INSERT #TableSeqID DEFAULT VALUES

INSERT #TableSeqID DEFAULT VALUES

INSERT #TableSeqID DEFAULT VALUES

INSERT #TableSeqID DEFAULT VALUES

GO

 

SELECT * FROM #TableSeqID

Output
-----------
BBF765FE-57BD-DC11-875F-000D5684F8D8 CE51B9E4-1640-47E2-87C6-6ADD46C63A87
BCF765FE-57BD-DC11-875F-000D5684F8D8 CA220BAB-462E-440E-829A-E0037CAF0D1F
BDF765FE-57BD-DC11-875F-000D5684F8D8 01748772-8155-4F83-A58F-CC3253DDD3F3
BEF765FE-57BD-DC11-875F-000D5684F8D8 9C4B2C87-AE33-4432-8310-3BE731179382
BFF765FE-57BD-DC11-875F-000D5684F8D8 1F84B827-F42A-4C47-8A1B-4B672B4402F1


As you can see ColumnB is random (Or at least pseudo-random) while ColumnA is not
Let's say you have a table with a billion rows, this table used NEWID() up till now. What will happen when you change the table to use NEWSEQUENTIALID(), could you get a duplicate?
I tried my best and filled up my 400GB External Seagate drive without success

Have you run into a collision, is it even possible?

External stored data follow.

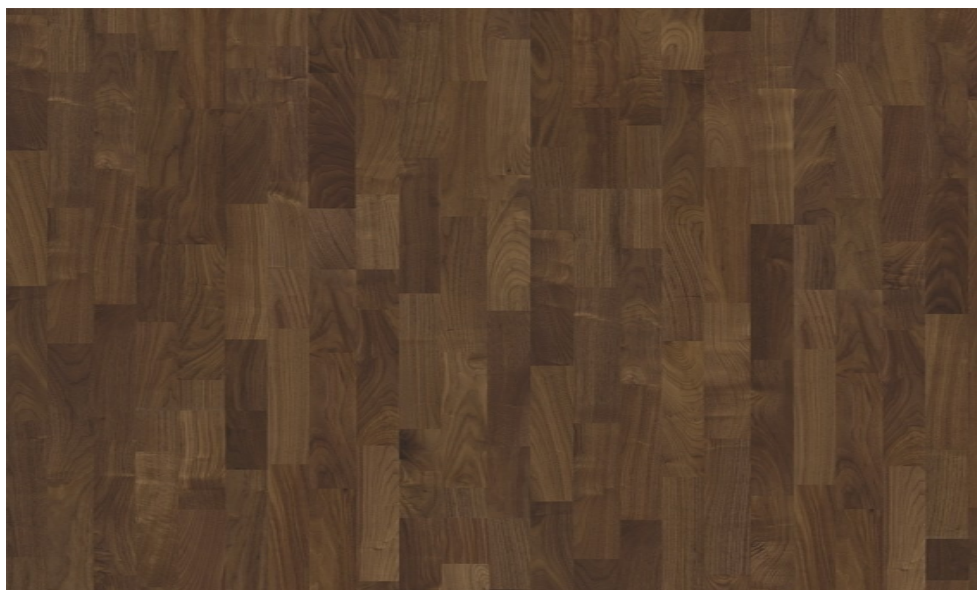

UPOFLOOR

Техническая информация

Forte

OPEX SELECT 3S

Порода дерева	Обработка поверхности	Соединение
Орех	Покрытие лаком	RealLOC
Дизайн	Сортировка	Твёрдость (шкала Бринелля)
3-полосный	Select	3.4
Размеры	Номер артикула	Упаковка
2266 мм x 188 мм x 14 мм	Покрытие лаком - 3171038160100112	Однополосная доска: 8 Досок : 25,8 kg : 3.41 m²
Изменение цвета	Системы подогрева пола	Установка
Становится светлее	Подогрев пола подходит	Нет информации

Published Monday, January 07, 2008 3:47 PM by Denis Gobo

Comment Notification

If you would like to receive an email when updates are made to this post, please register here

Subscribe to this post's comments using RSS

Comments

 

AaronBertrand said:

I have a terabyte external WD drive, if you save me the time of constructing the script by sending it to me, I will try it out this week (once I clear out the space).  :-)

January 7, 2008 5:25 PM
 

AaronBertrand said:

On second thought, I think the script would be quite easy to construct.  :-)

January 7, 2008 5:26 PM
 

Adam Machanic said:

I doubt you'll find a dupe, but you can find one with almost no space needed...

---

create table #x

(

n tinyint null,

x1 uniqueidentifier default (newsequentialid()),

x2 uniqueidentifier default (newid()),

check (x1 <> x2)

)

while 1=1

begin

truncate table #x

insert #x default values 

declare @i int

set @i = 20

while @i > 0

begin

begin try

insert #x (n) select n from #x

end try

begin catch

select 'some problem happened... dupe?'

break

end catch

set @i = @i - 1

end

if @i > 0 --problem?

break

end

---

January 7, 2008 5:44 PM
 

Peter W. DeBetta said:

What about tempdb?

January 7, 2008 5:58 PM
 

Pieter said:

This article may provide some insight into the question posed

http://sqljunkies.com/Article/4067A1B1-C31C-4EAF-86C3-80513451FC03.scuk

January 8, 2008 8:34 AM
 

Denis Gobo said:

Adam,  the check constraint just makes sure that the values are not same on the same row

create table #x2

(x1 int,x2 int,check (x1 <> x2))

insert #x2 values(1,2)

insert #x2 values(2,1)

insert #x2 values(2,1)

select * from #x2

I want to check that the value in x1 does not exists in any row in x2

so basically I created 2 tables, both between 10 and 20 billion rows

then I did select * from table 1 where exists(select * from table 2 where 1.id =2.id)

And nothing

January 8, 2008 12:36 PM
 

Denis Gobo said:

>>What about tempdb?

or the log file? I did a shrink every 10 million inserts

January 8, 2008 12:37 PM
 

AaronBertrand said:

Adam, I think you are checking for a much more obscure possibility... that a NEWID() happens upon a single instance of a NEWSEQUENTIALID().  What Denis is trying to determine is how likely it is that you will ever hit a previously-assigned NEWSEQUENTIALID()... there is a big difference.

January 8, 2008 4:18 PM
 

Adam Machanic said:

Aaron: Good point.  

One thing I've noticed in the past is that the first character of the third "group" is always "4" for GUIDs created with NEWID().  And from what I've seen so far, it's always "D" for GUIDs created with NEWSEQUENTIALID().  If both of these two patterns are always true, there can never be a collision.  I seem to recall that the "4" is done on purpose for some reason, but I'm not sure about the "D".  Anyone know?

January 8, 2008 6:41 PM
 

Denis Gobo said:

>>One thing I've noticed in the past is that the first character of the third "group" is always "4" for GUIDs created with NEWID().  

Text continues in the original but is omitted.